MATERIAL SUPPLIED.
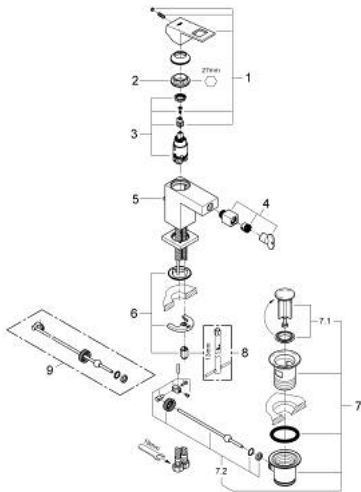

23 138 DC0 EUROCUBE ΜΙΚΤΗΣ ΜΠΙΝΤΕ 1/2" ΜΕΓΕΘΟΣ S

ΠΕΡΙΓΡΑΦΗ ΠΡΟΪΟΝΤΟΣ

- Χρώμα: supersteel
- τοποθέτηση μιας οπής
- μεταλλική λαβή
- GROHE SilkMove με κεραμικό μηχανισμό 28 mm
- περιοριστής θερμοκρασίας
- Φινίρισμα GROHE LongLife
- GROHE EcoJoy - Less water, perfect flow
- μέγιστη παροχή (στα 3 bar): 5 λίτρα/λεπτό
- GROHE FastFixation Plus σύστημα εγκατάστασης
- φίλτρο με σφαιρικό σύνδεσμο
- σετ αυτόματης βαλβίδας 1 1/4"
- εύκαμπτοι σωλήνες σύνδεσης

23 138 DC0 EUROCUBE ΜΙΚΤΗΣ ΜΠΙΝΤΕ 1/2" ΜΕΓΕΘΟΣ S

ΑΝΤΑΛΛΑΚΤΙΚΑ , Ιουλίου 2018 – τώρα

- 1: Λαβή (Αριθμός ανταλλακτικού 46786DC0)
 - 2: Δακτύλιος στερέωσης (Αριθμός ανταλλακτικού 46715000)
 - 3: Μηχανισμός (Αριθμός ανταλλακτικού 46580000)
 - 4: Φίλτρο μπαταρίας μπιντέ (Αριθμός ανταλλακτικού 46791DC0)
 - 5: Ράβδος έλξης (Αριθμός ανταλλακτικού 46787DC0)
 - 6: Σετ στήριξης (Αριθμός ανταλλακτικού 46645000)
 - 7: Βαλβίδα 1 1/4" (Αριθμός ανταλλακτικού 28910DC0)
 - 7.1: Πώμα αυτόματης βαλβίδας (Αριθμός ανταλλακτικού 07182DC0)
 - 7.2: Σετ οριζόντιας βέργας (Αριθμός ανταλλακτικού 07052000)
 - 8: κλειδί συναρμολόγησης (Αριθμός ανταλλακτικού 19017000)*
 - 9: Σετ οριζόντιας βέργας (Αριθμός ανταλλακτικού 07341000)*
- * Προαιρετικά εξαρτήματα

* * *

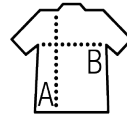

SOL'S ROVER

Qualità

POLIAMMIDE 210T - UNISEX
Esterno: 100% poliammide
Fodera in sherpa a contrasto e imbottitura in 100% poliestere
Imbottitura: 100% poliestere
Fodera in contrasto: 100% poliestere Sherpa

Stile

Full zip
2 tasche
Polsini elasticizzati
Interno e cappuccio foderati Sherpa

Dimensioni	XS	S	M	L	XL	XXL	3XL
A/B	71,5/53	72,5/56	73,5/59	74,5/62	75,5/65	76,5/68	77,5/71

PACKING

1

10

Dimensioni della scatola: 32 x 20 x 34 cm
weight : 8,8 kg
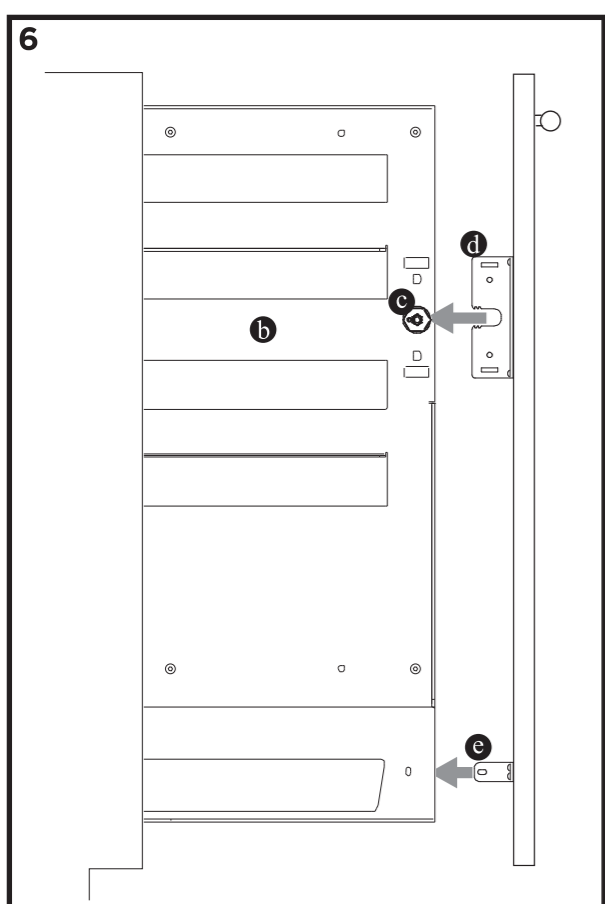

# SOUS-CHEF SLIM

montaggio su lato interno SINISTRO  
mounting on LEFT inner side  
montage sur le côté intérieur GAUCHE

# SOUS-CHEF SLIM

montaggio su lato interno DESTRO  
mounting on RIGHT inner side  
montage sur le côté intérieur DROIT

WORK REQUIRED. Which lines hold the word "GROHE"? Copy each of them from the records.

ANSWER TO THIS TASK.
- GROHE SilkMove με κεραμικό μηχανισμό 28 mm
- Φινίρισμα GROHE LongLife
- GROHE EcoJoy - Less water, perfect flow
- GROHE FastFixation Plus σύστημα εγκατάστασης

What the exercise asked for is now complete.